-- Exercise instructions --
Print the lines in the listing below that fall between the line with "## Современная квартира" and the line with "Продается: современная квартира", those two lines included, exactly as they stand and with nothing else.

-- Excerpted records --
══════════
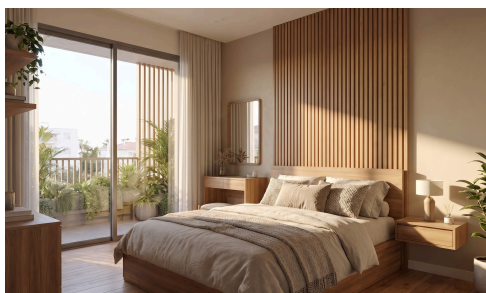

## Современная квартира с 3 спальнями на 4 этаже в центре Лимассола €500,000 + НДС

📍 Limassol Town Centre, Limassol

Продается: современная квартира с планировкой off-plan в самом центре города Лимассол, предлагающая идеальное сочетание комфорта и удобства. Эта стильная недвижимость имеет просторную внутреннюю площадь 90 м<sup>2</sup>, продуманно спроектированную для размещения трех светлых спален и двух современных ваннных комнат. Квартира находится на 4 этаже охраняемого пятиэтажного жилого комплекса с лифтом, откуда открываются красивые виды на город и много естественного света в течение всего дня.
══════════
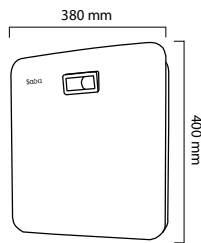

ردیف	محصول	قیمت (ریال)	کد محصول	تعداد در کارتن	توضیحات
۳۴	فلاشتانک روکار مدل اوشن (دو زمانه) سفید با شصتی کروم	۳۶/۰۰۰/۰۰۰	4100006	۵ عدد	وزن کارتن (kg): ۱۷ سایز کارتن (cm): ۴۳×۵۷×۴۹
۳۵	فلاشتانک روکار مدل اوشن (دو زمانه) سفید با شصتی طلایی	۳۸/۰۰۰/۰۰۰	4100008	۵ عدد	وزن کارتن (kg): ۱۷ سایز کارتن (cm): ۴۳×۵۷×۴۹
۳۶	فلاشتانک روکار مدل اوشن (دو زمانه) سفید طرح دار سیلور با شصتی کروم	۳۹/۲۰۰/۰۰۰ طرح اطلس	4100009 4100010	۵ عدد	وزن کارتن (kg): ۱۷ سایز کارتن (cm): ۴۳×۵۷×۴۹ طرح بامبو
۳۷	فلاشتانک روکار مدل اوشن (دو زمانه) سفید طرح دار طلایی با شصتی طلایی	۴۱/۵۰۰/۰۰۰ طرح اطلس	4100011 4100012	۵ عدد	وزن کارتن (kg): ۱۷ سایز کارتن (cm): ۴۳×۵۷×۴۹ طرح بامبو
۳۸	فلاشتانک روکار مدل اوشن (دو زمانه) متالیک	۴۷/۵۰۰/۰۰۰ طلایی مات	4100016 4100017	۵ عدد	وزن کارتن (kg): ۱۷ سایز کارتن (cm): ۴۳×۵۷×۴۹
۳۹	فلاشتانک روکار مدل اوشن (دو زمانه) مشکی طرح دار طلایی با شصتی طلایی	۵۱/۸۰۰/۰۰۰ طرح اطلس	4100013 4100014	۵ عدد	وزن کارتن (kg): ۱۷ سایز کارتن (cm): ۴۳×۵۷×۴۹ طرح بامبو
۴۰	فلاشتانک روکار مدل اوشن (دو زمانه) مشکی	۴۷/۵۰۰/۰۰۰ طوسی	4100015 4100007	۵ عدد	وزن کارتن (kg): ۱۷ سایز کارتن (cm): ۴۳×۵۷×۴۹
══════════
-- Exercise answer --
## Современная квартира с 3 спальнями на 4 этаже в центре Лимассола €500,000 + НДС

📍 Limassol Town Centre, Limassol

Продается: современная квартира с планировкой off-plan в самом центре города Лимассол, предлагающая идеальное сочетание комфорта и удобства. Эта стильная недвижимость имеет просторную внутреннюю площадь 90 м<sup>2</sup>, продуманно спроектированную для размещения трех светлых спален и двух современных ваннных комнат. Квартира находится на 4 этаже охраняемого пятиэтажного жилого комплекса с лифтом, откуда открываются красивые виды на город и много естественного света в течение всего дня.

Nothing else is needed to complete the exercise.